All this amounts to ‘systems failure’ rather than a bundle of errors made by a bunch of inept Home Office officials. The question it brings to mind is exactly what system is judged to have failed in this instance.  Is it the one that requires civil servants to check and double-check that their decisions comply in all respects with the requirements of the law? Or is it the bigger system, which sets out the grounds in which a group of people will be considered good immigrants, and therefore worthy of due process; or another type all together whose status as undesirables is so obvious they can be shunted off into the fast tracks that allow for detention and deportation?

Latest chapters

The Windrush migrants have had plenty of experience of the latter category, having been subjected to ‘colour bar’ discrimination in jobs and housing when they arrived in the 1950s and 60s and subsequent treatment that rarely raised their position and that of their children above that of second-class citizens of the UK.  Mauled by the education system, winnowed out of the jobs market, and so many hauled up before the courts by criminal justice procedures, the sense of being part of a big family that appreciated them has been poorly developed across all these years.

The two cases featured in the Human Rights Committee report as exemplars of the bad treatment meted out to the Windrush immigrants, that of Paulette Wilson and Anthony Bryan, ought to be read as merely the latest chapters in the history of the racism to which black working class people have been subjected for decades.  It is necessary to say black working class people because Ms Wilson and Mr Bryans’ status as, respectively, cook and painter/decorator, are as a significant part of the story as the blackness of their skin.

When it comes to immigration control, two great negatives feature as a fundamental part of the schema.  The first is coming from a poor country, conceived as a place where people of colour are predominant among the general population.  The second is being a wage-earner looking for work opportunities amongst the middle group of trades, requiring skills learnt on the job rather than the classroom.  Being both black and a seeker of a position offering a living wage is part and parcel of any visa official’s basic definition of an undesirable immigrant.

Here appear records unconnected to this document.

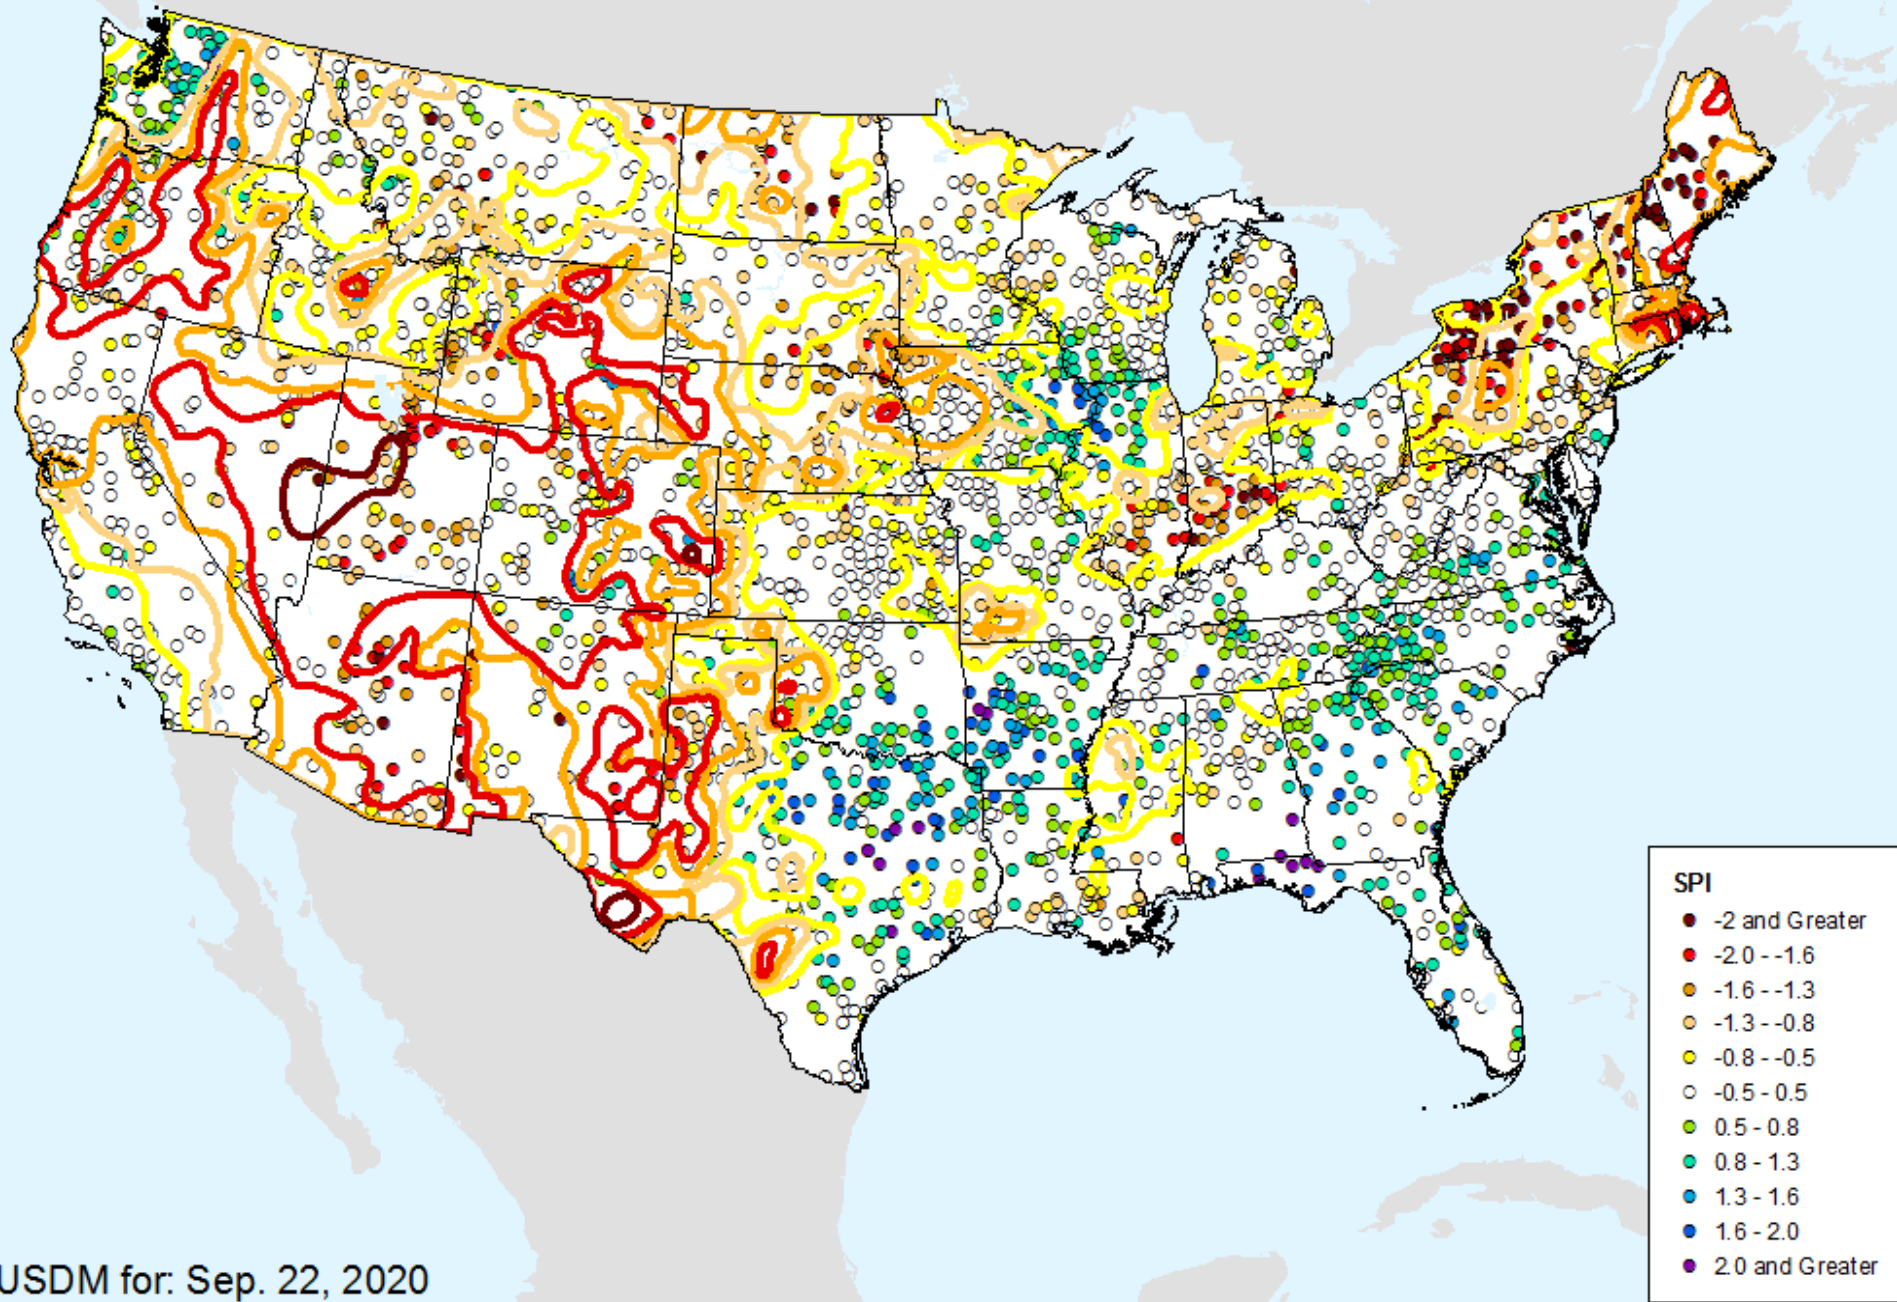

HPRCC 1-month SPI

As of: Tuesday, September 29, 2020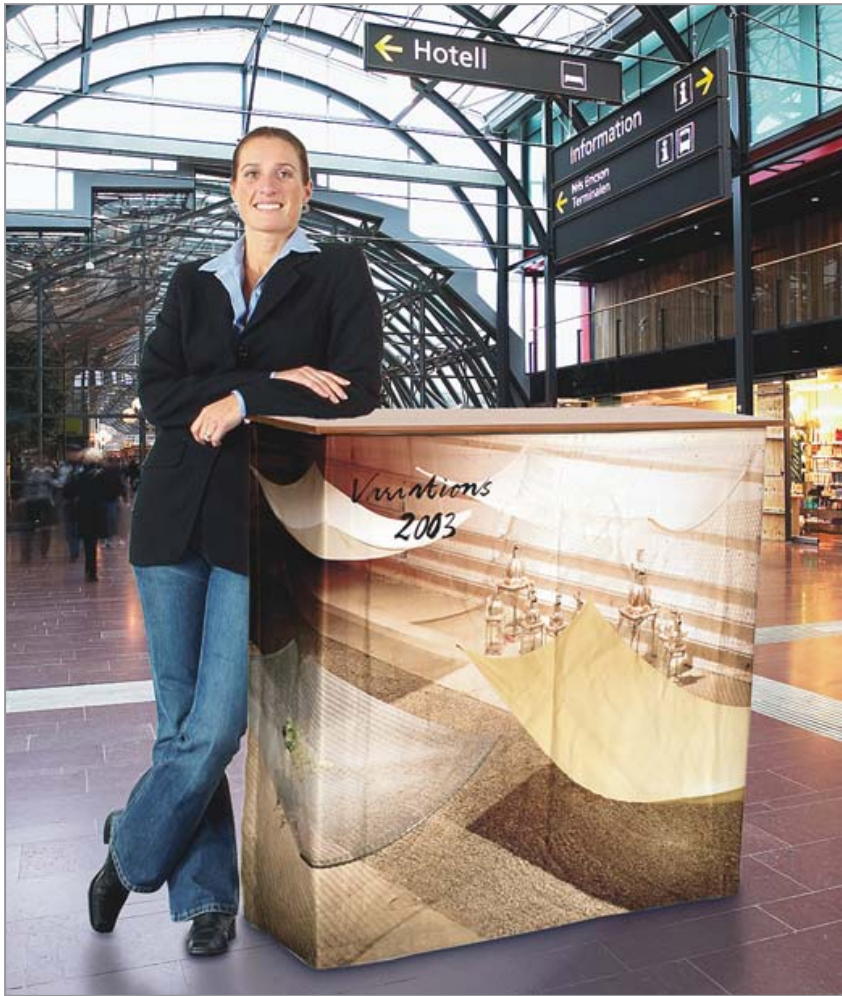

# SOFT IMAGE COUNTER

The system locker makes assembly easy.

Side attachments for extending the image across the sides are standard on all frames.

The Soft Image Counter comes as simple as can be. The system really only comprises four parts - an aluminum frame, a fabric image, a counter top, and an internal shelf. Open it up and in less than a minute you have a powerful message and a functional counter top!

Soft Image Counter takes up very little space when folded and also weighs very little, making it easy to handle and transport. The fabric graphic is attached using Velcro and remains attached when the display is collapsed, which makes set up a snap! When the graphic message needs to change, the Velcro allows for easy replacement.

## SIZE

Straight 1x1 Frame  
Front Only = 39-3/8" x 39-3/8"  
Front + Sides = 64-5/8" x 39-3/8"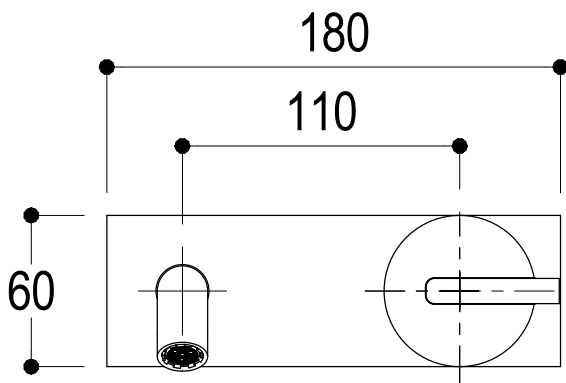

SCHEDA TECNICA / TECHNICAL DATA

RUBINETTERIE RITMONIO S.R.L. si riserva tutti i diritti connessi con il presente documento e con l'oggetto o la materia ivi rappresentati con divieto di riprodurlo, utilizzarlo o renderlo accessibile a terzi in assenza di previa autorizzazione. Disegno CAD non modificabile a mano

RUBINETTERIE RITMONIO S.R.L. will claim all rights related to the present document and with the object or subject represented therein with the prohibition of reproduction, use or disclosure to third parties without previous permission. The Cad plan is not alterable by hand

Ritmonio
Living a quality experience.
13019 VARALLO - (VC) - ITALY

SERIE DOT316 ROUND

CODICE PR50AH131

DATA EMISSIONE 08/06/2020

DENOMINAZIONE Mix monocomando lavabo ad incasso idroprogressivo
Built-in single lever hydroprogressive mixer

REVISIONE /
/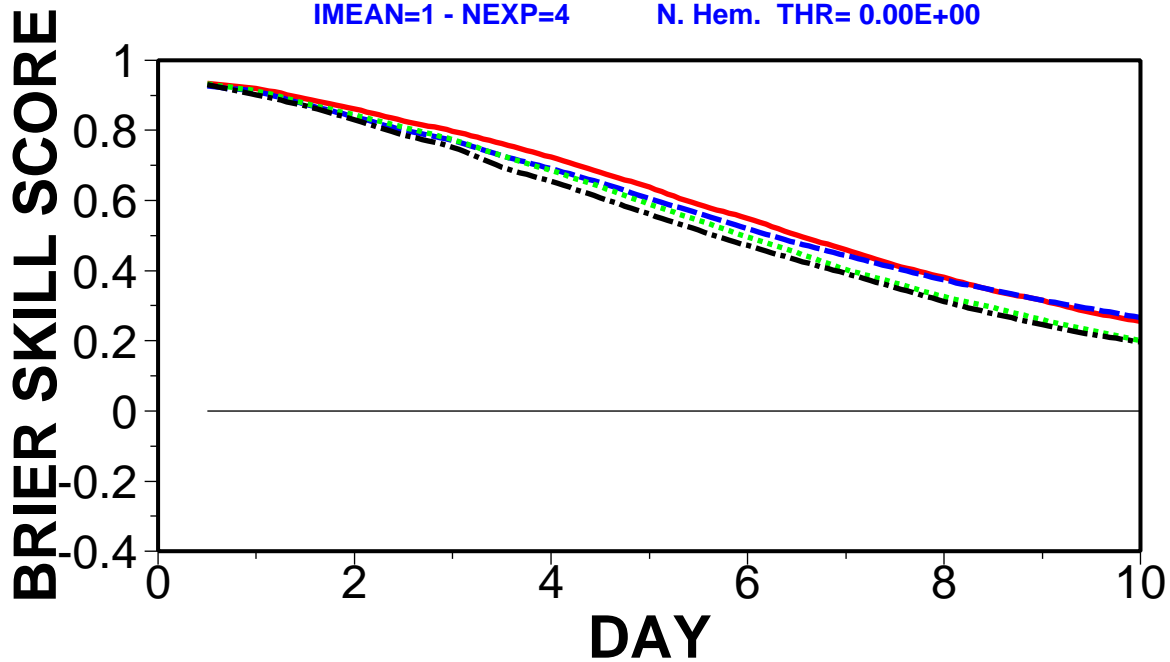

IMEAN=1 - NEXP=4

N. Hem. THR= 0.50E+00

SOLID RED: BSCORE 20060201 89
DASH BLUE: BSCORE 20050201 89
DOT GREEN: BSCORE 20040201 89
CHAIN-DASH BLACK: BSCORE 20030201 89

IMEAN=1 - NEXP=4

N. Hem. THR= 0.50E+00

SOLID RED: BSS 20060201 89
DASH BLUE: BSS 20050201 89
DOT GREEN: BSS 20040201 89
CHAIN-DASH BLACK: BSS 20030201 89

IMEAN=1 - NEXP=4

N. Hem. THR= 0.00E+00

SOLID RED: BSCORE 20060201 89
DASH BLUE: BSCORE 20050201 89
DOT GREEN: BSCORE 20040201 89
CHAIN-DASH BLACK: BSCORE 20030201 89

IMEAN=1 - NEXP=4

N. Hem. THR= 0.00E+00

SOLID RED: BSS 20060201 89
DASH BLUE: BSS 20050201 89
DOT GREEN: BSS 20040201 89
CHAIN-DASH BLACK: BSS 20030201 89

IMEAN=1 - NEXP=4

N. Hem. THR=-0.50E+00

SOLID RED: BSCORE 20060201 89
DASH BLUE: BSCORE 20050201 89
DOT GREEN: BSCORE 20040201 89
CHAIN-DASH BLACK: BSCORE 20030201 89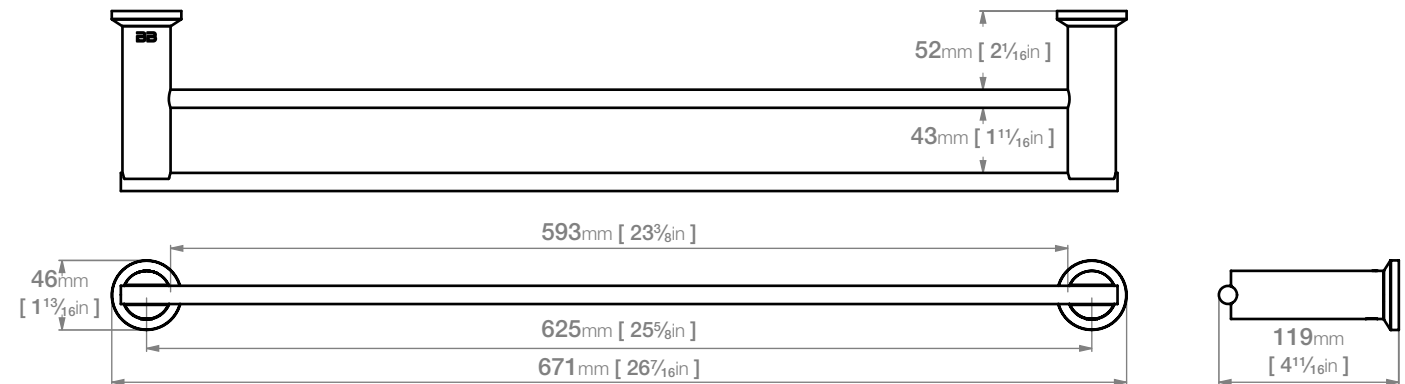

BB™ BATHROOM BUTLER

USA: 631.464.2851 • info@bathroombutler.com • www.bathroombutler.com
South Africa: 0860 104 653 • info@bathroombutler.co.za • www.bathroombutler.co.za
Australia: 1300 133 320 • sales@bathe.net.au • www.bathe.net.au
Mauritius: 230 242 1248 • sales@lisinggroup.com • www.bathroombutler.com

Document version **2.3**
Product version **2.1**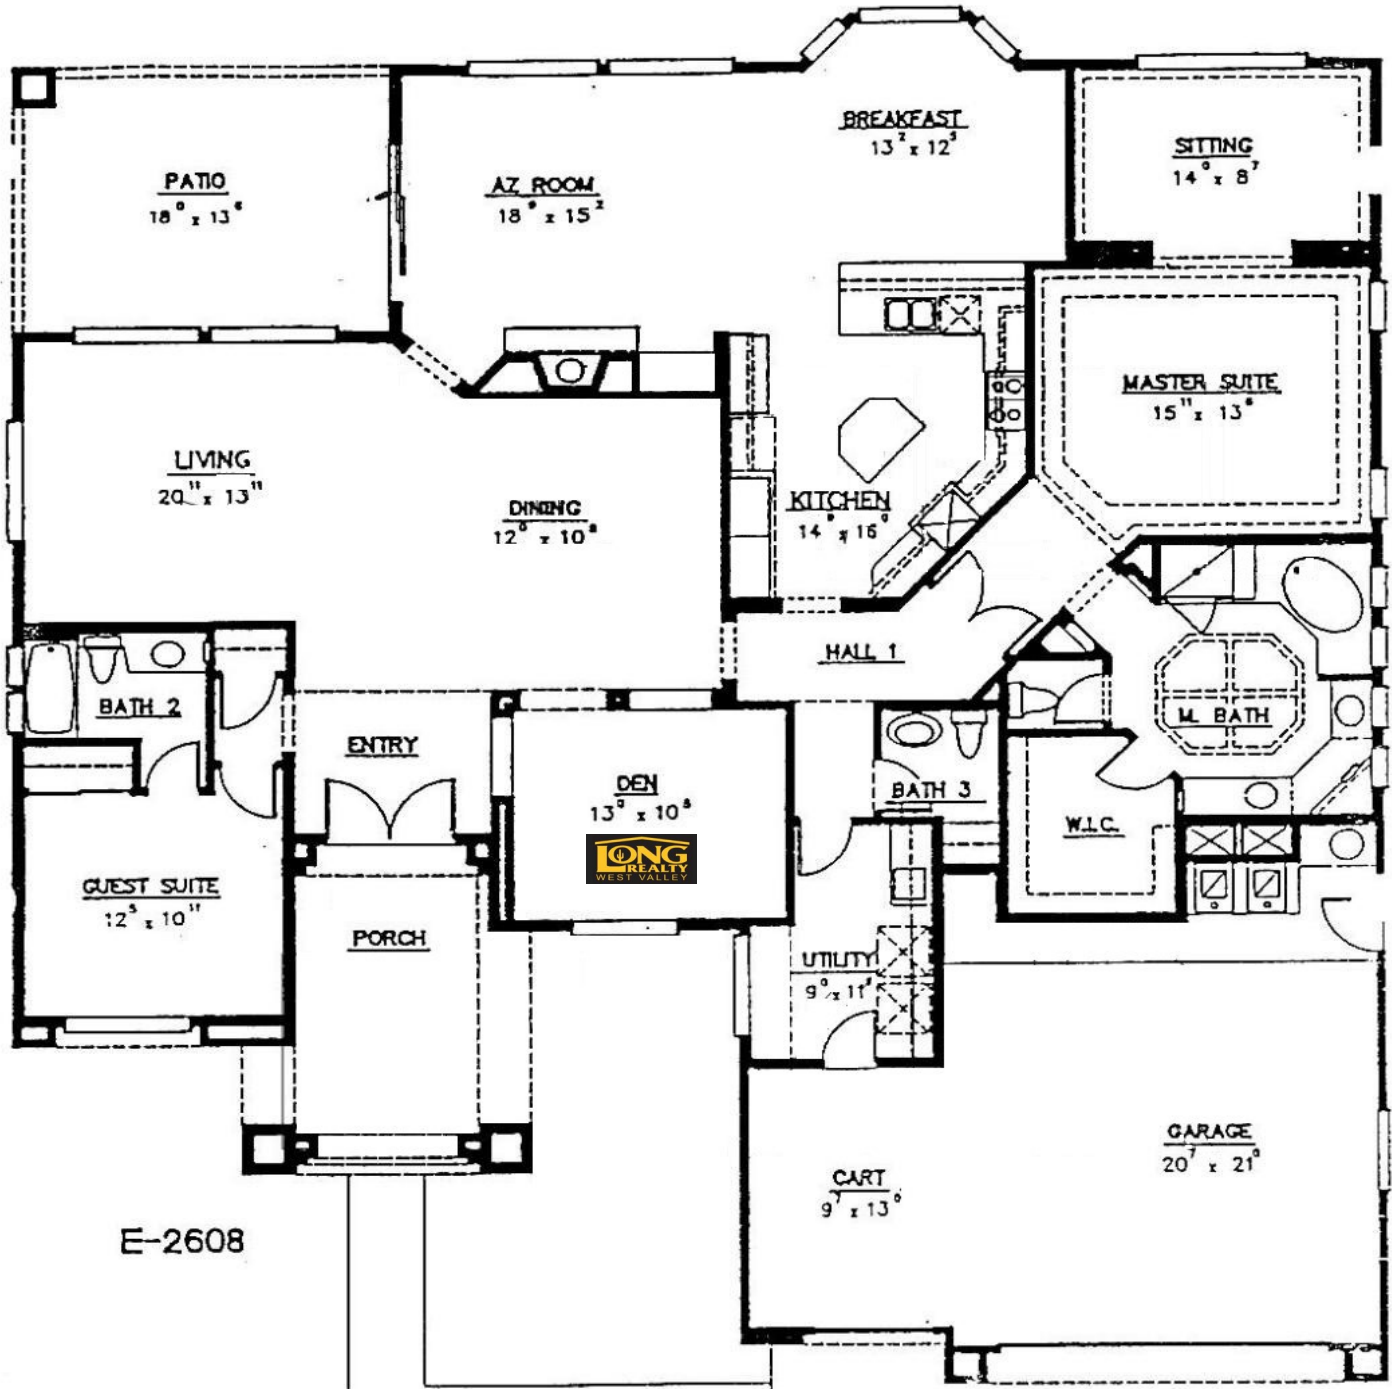

The "Avondale" in Sun City W. 2656 sqft Split 2BR, 2.5BA 1994

E-2608

Craig Rhodes | Sun City West Expert

"Excellence in Customer Care"

AZ-Homes-Online.com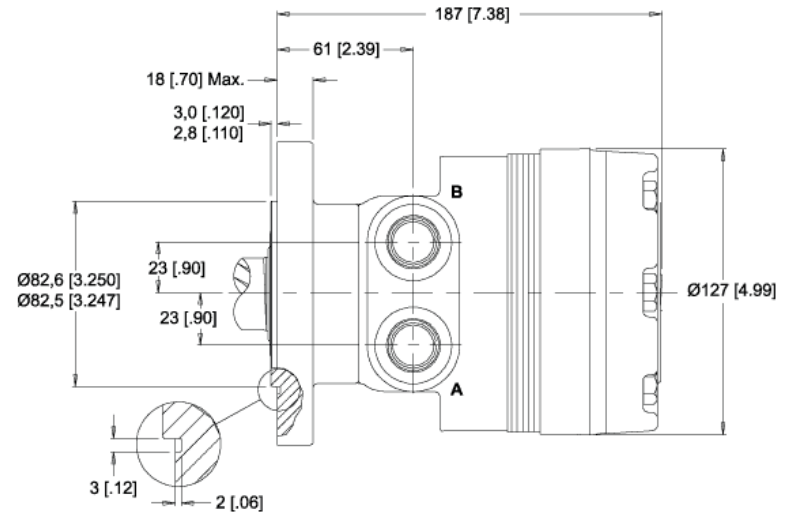

MODEL NO.
500350A5802AAAAA

1"-6B Spline (SAE J499 Std.)

INFORMATION CONTAINED IN THIS DOCUMENT IS FOR REFERENCE ONLY AND VALID FOR 10 DAYS UNLESS SPECIFIED OTHERWISE. DIMENSIONS SHOWN ARE NOMINAL (MID-LIMIT). DIMENSIONS NEEDED FOR DESIGN PURPOSES. CONTACT WHITE DRIVE PRODUCTS, INC.

MODEL NO.
500350A5802AAAAA

“Turning the tap on and off”

It is important to hold this in mind as the options for immigration policy post-Brexit start appearing on the table.  Liberal-types working out of the policy think-tanks encourage themselves with the knowledge that immigration will continue under whatever system is put in place, and if it can be honed down to those who the focus groups tell us are acceptable – skilled professionals and international students – then all might be well.  But by accepting this as a defensible position they are acceding to the prejudice that remains entrenched against non-professional, working class migrants.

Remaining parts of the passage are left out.